Court has jurisdiction to rule on Debtor’s motion for reconsideration notwithstanding filing of notice of appeal

11 U.S.C. section 523(a)(6) and 11 U.S.C. section 727(a)(4); Five days after Plaintiff’s motion for default judgment was entered, the Debtor filed an answer. The answer was construed as a motion to vacate default judgment. Therefore, even though Debtor did not respond to the motion for default judgment, plaintiff's default judgment was denied and a clerk's entry of default was vacated because Debtor showed a sufficient and expeditious interest in correcting the default.

11 U.S.C. section 523(a)(2)(A); credit card issuer's default judgment denied because issuer's complaint failed to sufficiently allege facts that established false pretenses, false representation or actual fraud.  Nondischargeability based on false pretenses, false representation, or actual fraud requires a showing of actual, subjective fraudulent intent which is not established solely by the fact than an insolvent debtor used a credit card and made implied representations concerning the ability to pay or ultimately did not have the ability to pay the debt.

Finding bank in violation of section 362(a)(6) for freezing debtor's bank account without a valid right of setoff.

The terms of a prepetition subordination agreement between debtor's two primary secured creditors, Wachovia and Blue Ridge, provided inter alia that Blue Ridge authorized Wachovia, as the senior secured party, to take certain actions in Wachovia’s own name and in the name of Blue Ridge, including the right to vote both claims in a Chapter 11 bankruptcy case.  Wachovia's right to vote Blue Ridge's claim was upheld.

Overruling trustee's objection to confirmation of debtor's chapter 13 plan and permitting debtor to make direct payments of long-term student loan debt in accordance with contract term.

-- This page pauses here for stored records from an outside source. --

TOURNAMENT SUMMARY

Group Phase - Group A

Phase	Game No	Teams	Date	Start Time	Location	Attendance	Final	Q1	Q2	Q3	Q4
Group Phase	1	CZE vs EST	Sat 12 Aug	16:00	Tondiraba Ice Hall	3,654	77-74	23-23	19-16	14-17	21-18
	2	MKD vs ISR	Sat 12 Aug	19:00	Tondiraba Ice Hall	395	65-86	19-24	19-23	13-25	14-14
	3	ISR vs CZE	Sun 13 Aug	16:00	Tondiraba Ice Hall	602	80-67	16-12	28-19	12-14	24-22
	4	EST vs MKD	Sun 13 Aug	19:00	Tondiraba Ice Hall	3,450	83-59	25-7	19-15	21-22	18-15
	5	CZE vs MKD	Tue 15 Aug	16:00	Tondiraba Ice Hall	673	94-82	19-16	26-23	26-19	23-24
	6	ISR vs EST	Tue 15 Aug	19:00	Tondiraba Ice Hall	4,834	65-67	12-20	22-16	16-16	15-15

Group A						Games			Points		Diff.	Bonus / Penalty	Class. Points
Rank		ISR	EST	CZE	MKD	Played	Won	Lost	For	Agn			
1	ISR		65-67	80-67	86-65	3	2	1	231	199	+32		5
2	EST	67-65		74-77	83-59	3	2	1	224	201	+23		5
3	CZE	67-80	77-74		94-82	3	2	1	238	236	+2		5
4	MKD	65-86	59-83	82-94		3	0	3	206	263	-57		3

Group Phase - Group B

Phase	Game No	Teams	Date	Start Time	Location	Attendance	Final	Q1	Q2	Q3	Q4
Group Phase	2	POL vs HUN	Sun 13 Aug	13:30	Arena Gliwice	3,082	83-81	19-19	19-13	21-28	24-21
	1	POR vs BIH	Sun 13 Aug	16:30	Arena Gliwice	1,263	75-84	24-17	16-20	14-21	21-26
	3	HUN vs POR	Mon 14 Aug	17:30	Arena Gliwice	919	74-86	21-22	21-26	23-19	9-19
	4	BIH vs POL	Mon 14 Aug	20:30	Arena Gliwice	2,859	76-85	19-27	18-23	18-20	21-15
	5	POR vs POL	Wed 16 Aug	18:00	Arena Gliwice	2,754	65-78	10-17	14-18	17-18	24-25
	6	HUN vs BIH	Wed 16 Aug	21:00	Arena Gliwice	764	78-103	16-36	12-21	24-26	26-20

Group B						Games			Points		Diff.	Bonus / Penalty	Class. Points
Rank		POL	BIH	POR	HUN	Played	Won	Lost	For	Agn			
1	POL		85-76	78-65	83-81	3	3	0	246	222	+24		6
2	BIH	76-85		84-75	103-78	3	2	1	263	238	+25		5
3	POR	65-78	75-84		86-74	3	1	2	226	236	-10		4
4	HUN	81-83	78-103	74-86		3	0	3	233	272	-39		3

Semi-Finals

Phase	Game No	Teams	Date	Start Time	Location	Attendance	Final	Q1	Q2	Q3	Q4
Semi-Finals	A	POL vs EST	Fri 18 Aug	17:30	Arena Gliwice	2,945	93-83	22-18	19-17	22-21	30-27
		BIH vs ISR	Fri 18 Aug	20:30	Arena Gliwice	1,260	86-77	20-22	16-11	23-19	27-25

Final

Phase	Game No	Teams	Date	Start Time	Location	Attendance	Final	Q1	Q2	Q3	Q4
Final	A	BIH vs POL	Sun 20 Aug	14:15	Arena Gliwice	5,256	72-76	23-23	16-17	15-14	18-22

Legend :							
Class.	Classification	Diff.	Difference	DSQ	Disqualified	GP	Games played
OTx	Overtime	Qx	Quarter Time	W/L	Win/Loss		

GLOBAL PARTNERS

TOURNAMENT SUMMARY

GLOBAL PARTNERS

Judge Joyce Bihary (Retired)

O.C.G.A. 53-12-1 et. seq.; Defendant Gibson’s assertion that he, as a non-attorney trustee, can represent the defendant trusts in this litigation is denied.  Defendant recognizes that business trusts must be represented by an attorney  licensed to practice in this Court, but argues that these defendant trusts are land trusts organized as such under Article 3 of the Georgia Trust Act and can be represented by a non-attorney trustee.  Defendant’s reliance on the Georgia Trust Act is misplaced.  Trusts created under Article 3 are like business trusts and require a licensed attorney to appear in court.  His other legal arguments are also without merit.  Defendant Gibson, as a non-lawyer, is permitted to represent himself individually, but may not represent any other entity in court.